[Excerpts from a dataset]
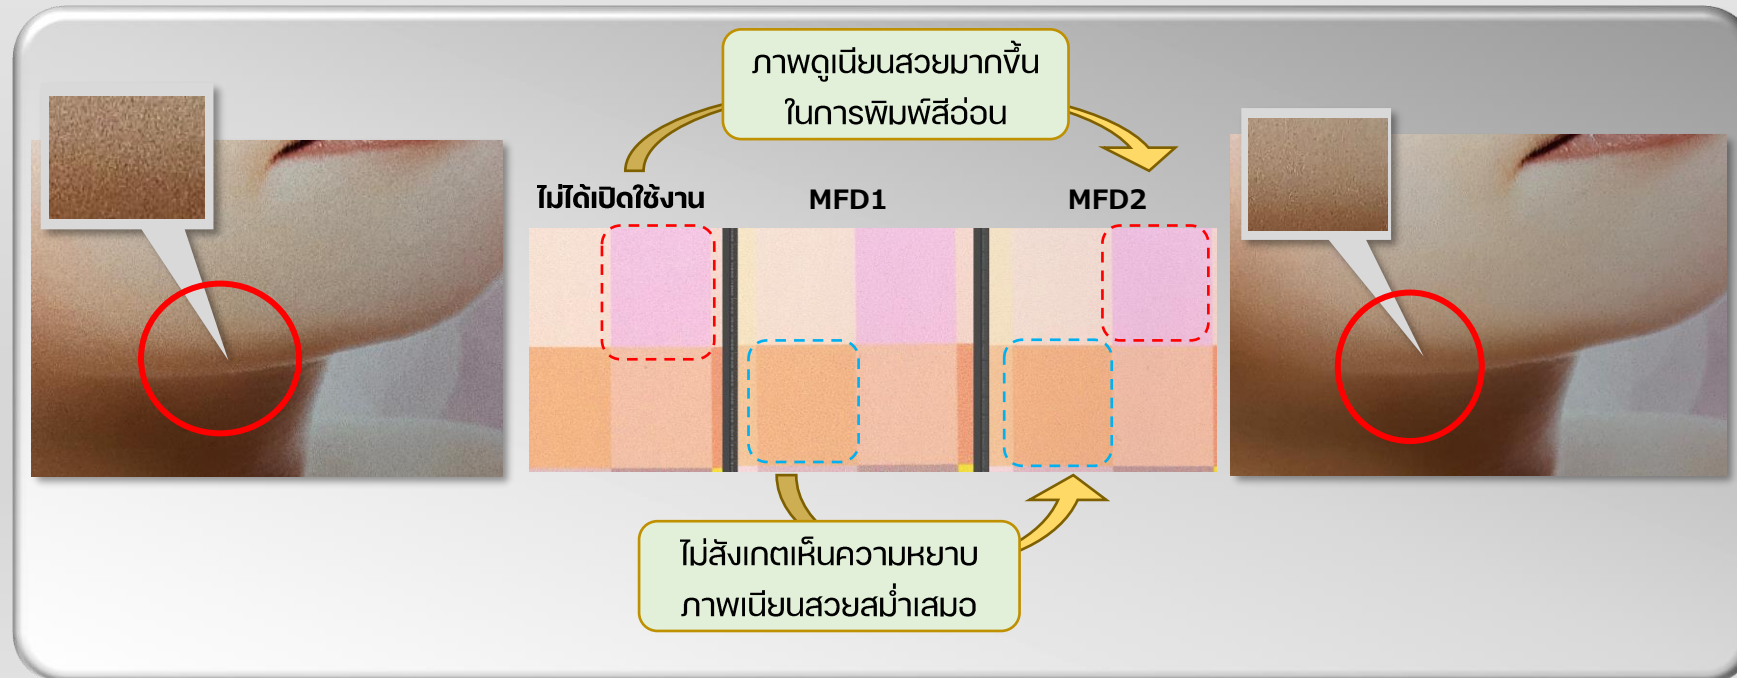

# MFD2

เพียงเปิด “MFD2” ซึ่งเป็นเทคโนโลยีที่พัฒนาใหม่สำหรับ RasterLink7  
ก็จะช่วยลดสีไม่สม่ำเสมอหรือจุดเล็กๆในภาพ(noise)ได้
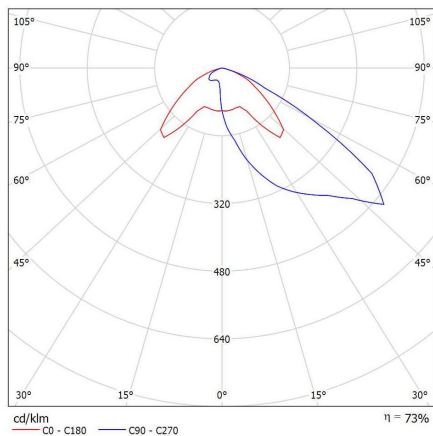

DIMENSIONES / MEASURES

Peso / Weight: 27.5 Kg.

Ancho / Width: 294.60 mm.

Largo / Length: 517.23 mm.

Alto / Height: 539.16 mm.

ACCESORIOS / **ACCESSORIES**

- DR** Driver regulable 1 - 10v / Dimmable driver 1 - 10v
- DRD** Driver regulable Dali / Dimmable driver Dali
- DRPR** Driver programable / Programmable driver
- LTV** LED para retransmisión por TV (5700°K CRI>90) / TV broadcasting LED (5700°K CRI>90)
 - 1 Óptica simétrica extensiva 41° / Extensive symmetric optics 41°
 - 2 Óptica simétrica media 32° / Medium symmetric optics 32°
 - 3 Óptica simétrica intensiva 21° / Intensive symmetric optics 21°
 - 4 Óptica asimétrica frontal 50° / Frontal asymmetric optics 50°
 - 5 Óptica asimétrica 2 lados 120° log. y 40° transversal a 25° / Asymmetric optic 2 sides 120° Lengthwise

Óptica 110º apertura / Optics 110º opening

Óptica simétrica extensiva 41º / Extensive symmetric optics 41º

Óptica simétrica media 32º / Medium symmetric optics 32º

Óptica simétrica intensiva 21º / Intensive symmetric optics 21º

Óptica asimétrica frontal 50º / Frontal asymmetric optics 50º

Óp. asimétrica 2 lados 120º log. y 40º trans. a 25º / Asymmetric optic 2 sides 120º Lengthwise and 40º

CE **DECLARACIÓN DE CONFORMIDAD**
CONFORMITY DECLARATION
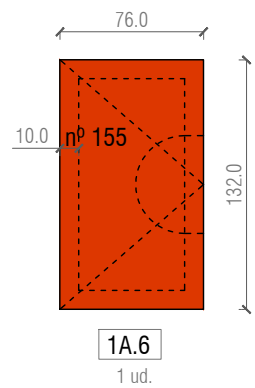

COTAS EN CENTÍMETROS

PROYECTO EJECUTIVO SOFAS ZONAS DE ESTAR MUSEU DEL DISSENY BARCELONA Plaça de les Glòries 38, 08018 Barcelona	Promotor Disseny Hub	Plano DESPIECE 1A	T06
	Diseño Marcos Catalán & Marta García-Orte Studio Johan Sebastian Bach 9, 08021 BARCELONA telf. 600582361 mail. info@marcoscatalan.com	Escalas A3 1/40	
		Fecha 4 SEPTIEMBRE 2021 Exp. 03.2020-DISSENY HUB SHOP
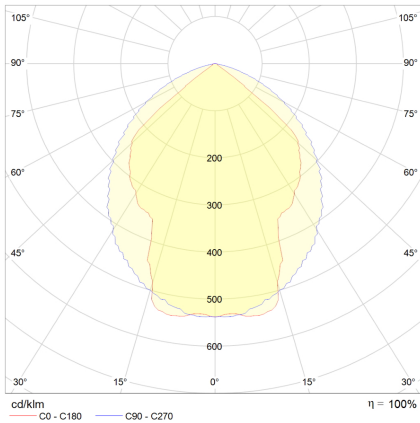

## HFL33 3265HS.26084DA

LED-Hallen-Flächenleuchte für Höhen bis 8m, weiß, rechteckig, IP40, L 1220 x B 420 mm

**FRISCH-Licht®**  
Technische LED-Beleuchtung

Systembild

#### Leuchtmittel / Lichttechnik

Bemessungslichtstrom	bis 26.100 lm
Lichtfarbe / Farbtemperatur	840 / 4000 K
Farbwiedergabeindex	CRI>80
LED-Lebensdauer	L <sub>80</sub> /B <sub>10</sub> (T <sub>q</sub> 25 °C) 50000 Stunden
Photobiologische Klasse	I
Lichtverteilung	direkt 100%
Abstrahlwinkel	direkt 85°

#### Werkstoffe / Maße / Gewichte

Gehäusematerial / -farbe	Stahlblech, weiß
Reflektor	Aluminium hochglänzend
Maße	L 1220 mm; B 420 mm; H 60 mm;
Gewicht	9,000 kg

→ **What you need to do**:
Starting from the first line of the entries above, print each line exactly until the line containing "Óptica simétrica media 32º" has been printed, and skip the pictures.

→ **Result below**:
# MFD2

เพียงเปิด “MFD2” ซึ่งเป็นเทคโนโลยีที่พัฒนาใหม่สำหรับ RasterLink7  
ก็จะช่วยลดสีไม่สม่ำเสมอหรือจุดเล็กๆในภาพ(noise)ได้

DIMENSIONES / MEASURES

Peso / Weight: 27.5 Kg.

Ancho / Width: 294.60 mm.

Largo / Length: 517.23 mm.

Alto / Height: 539.16 mm.

ACCESORIOS / **ACCESSORIES**

- DR** Driver regulable 1 - 10v / Dimmable driver 1 - 10v
- DRD** Driver regulable Dali / Dimmable driver Dali
- DRPR** Driver programable / Programmable driver
- LTV** LED para retransmisión por TV (5700°K CRI>90) / TV broadcasting LED (5700°K CRI>90)
 - 1 Óptica simétrica extensiva 41° / Extensive symmetric optics 41°
 - 2 Óptica simétrica media 32° / Medium symmetric optics 32°
 - 3 Óptica simétrica intensiva 21° / Intensive symmetric optics 21°
 - 4 Óptica asimétrica frontal 50° / Frontal asymmetric optics 50°
 - 5 Óptica asimétrica 2 lados 120° log. y 40° transversal a 25° / Asymmetric optic 2 sides 120° Lengthwise

Óptica 110º apertura / Optics 110º opening

Óptica simétrica extensiva 41º / Extensive symmetric optics 41º

Óptica simétrica media 32º / Medium symmetric optics 32º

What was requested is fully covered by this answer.